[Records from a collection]
╭──
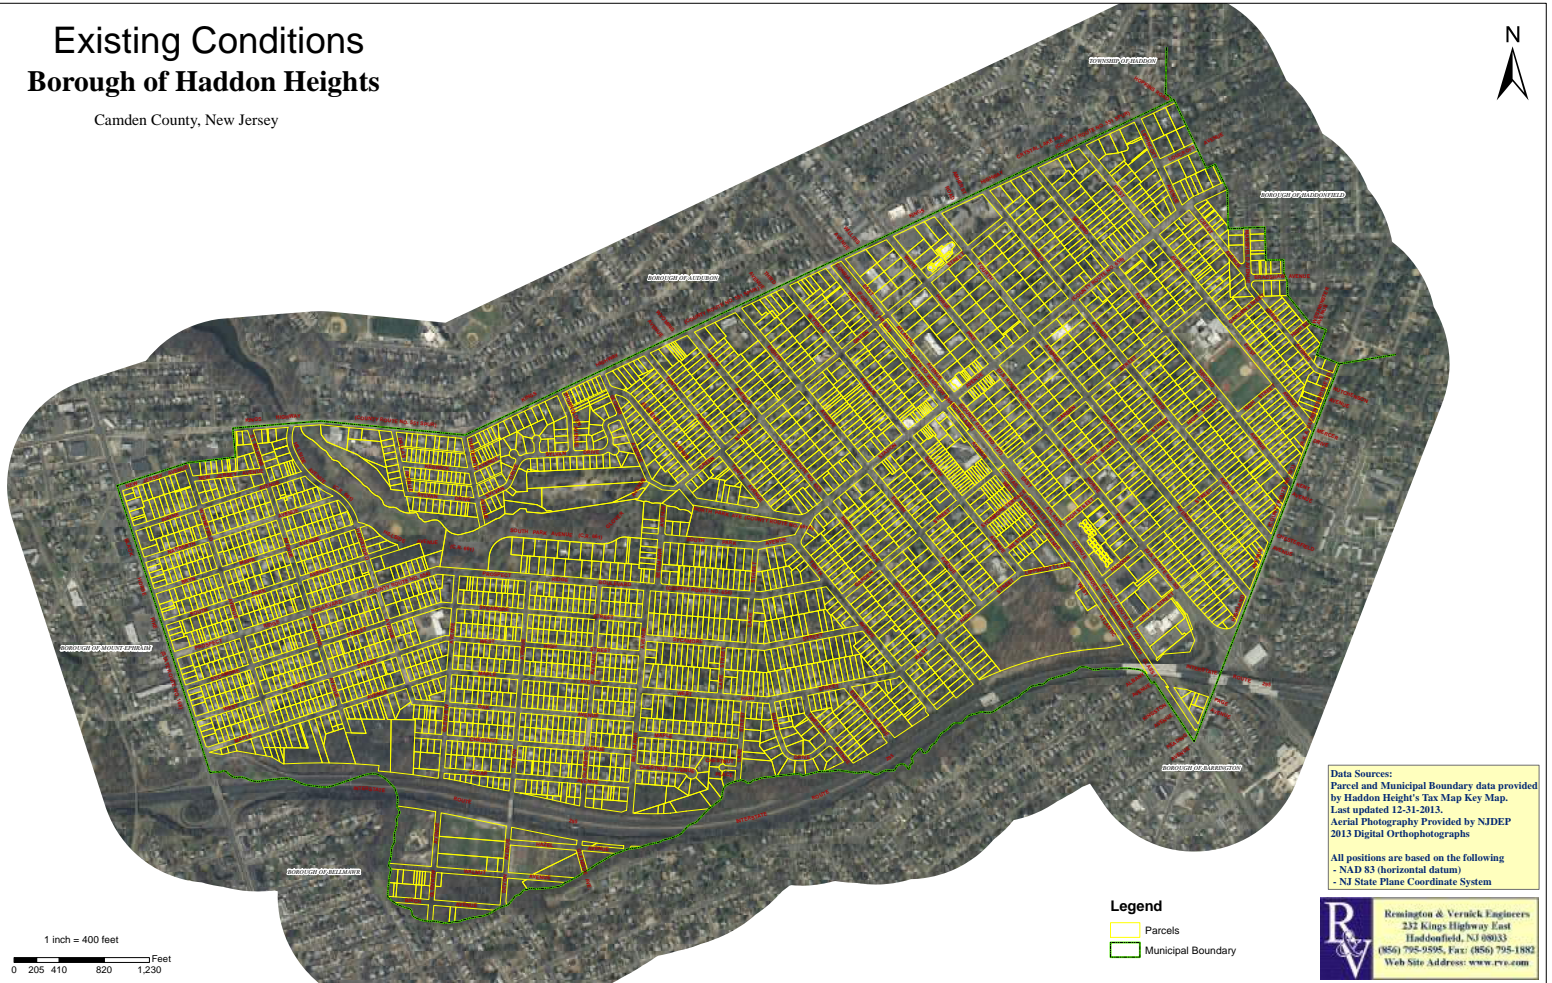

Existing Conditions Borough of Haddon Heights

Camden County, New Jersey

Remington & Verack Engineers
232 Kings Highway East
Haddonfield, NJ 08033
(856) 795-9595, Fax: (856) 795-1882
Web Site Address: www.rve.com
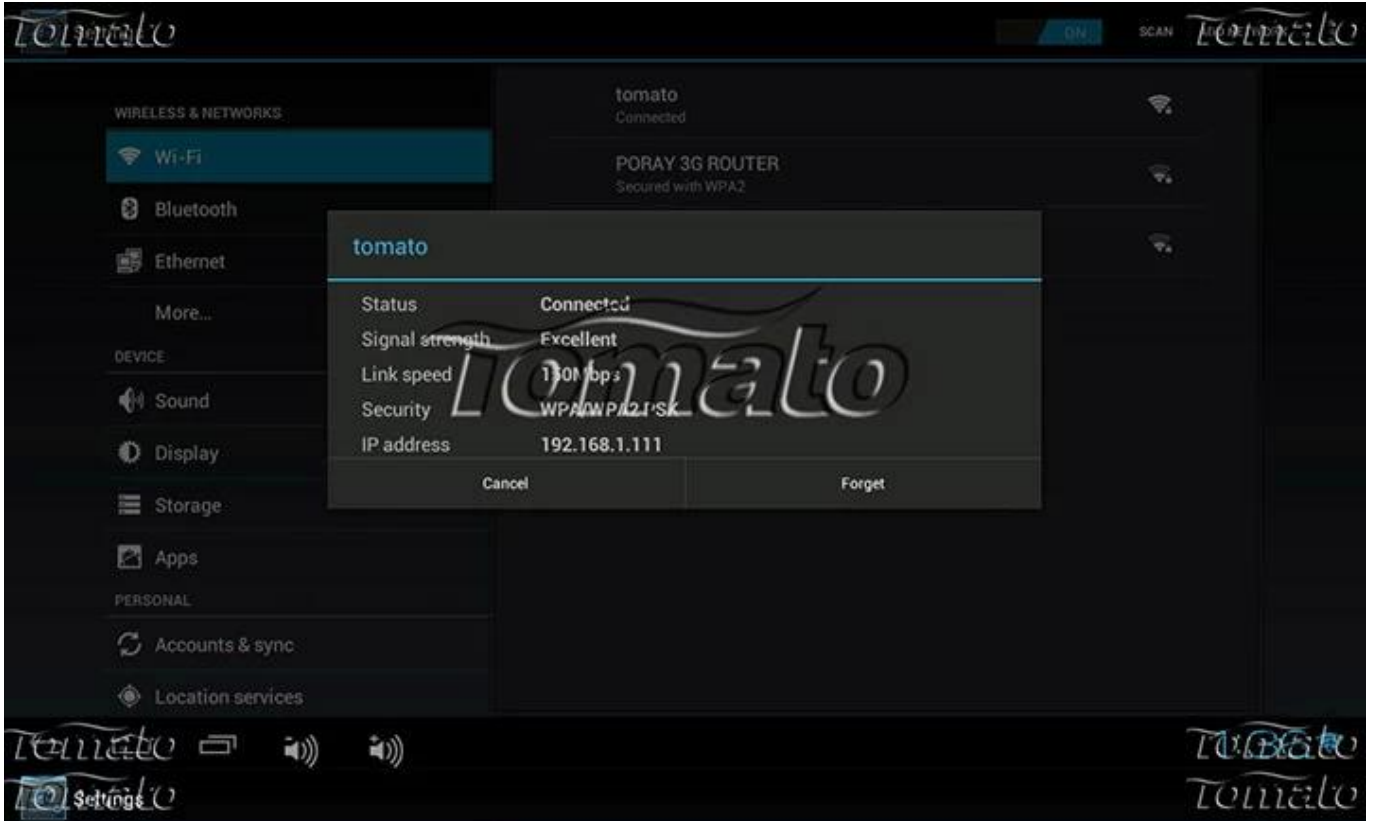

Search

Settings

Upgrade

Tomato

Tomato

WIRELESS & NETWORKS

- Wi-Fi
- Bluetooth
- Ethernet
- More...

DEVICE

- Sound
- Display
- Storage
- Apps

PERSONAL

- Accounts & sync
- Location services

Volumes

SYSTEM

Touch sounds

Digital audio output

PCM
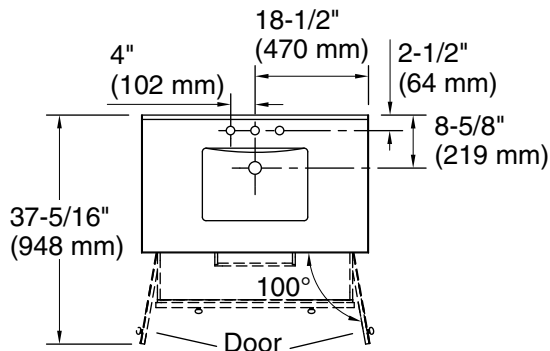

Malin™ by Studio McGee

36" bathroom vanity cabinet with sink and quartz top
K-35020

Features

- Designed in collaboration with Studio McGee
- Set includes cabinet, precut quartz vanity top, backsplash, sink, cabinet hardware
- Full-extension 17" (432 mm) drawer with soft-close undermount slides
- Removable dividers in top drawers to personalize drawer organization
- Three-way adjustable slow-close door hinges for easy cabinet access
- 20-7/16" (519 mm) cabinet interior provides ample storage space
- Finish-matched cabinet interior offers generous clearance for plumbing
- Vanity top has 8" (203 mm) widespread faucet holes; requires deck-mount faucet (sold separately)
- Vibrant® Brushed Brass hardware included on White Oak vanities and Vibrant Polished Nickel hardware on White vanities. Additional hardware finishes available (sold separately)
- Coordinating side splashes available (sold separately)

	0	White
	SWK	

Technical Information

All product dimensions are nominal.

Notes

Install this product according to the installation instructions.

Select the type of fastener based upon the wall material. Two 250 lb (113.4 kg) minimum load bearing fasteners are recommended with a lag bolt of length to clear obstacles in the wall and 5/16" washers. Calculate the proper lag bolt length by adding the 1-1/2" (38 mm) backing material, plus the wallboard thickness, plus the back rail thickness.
╰──
**TASK DESCRIPTION**
With pictures omitted, repeat the entries above word for word from the line holding "232 Kings Highway East" down to the line holding "Install this product", keeping both of those lines.

**EXERCISE RESULT**
232 Kings Highway East
Haddonfield, NJ 08033
(856) 795-9595, Fax: (856) 795-1882
Web Site Address: www.rve.com

Search

Settings

Upgrade

Tomato

Tomato

WIRELESS & NETWORKS

- Wi-Fi
- Bluetooth
- Ethernet
- More...

DEVICE

- Sound
- Display
- Storage
- Apps

PERSONAL

- Accounts & sync
- Location services

Volumes

SYSTEM

Touch sounds

Digital audio output

PCM

Malin™ by Studio McGee

36" bathroom vanity cabinet with sink and quartz top
K-35020

Features

- Designed in collaboration with Studio McGee
- Set includes cabinet, precut quartz vanity top, backsplash, sink, cabinet hardware
- Full-extension 17" (432 mm) drawer with soft-close undermount slides
- Removable dividers in top drawers to personalize drawer organization
- Three-way adjustable slow-close door hinges for easy cabinet access
- 20-7/16" (519 mm) cabinet interior provides ample storage space
- Finish-matched cabinet interior offers generous clearance for plumbing
- Vanity top has 8" (203 mm) widespread faucet holes; requires deck-mount faucet (sold separately)
- Vibrant® Brushed Brass hardware included on White Oak vanities and Vibrant Polished Nickel hardware on White vanities. Additional hardware finishes available (sold separately)
- Coordinating side splashes available (sold separately)

	0	White
	SWK	

Technical Information

All product dimensions are nominal.

Notes

Install this product according to the installation instructions.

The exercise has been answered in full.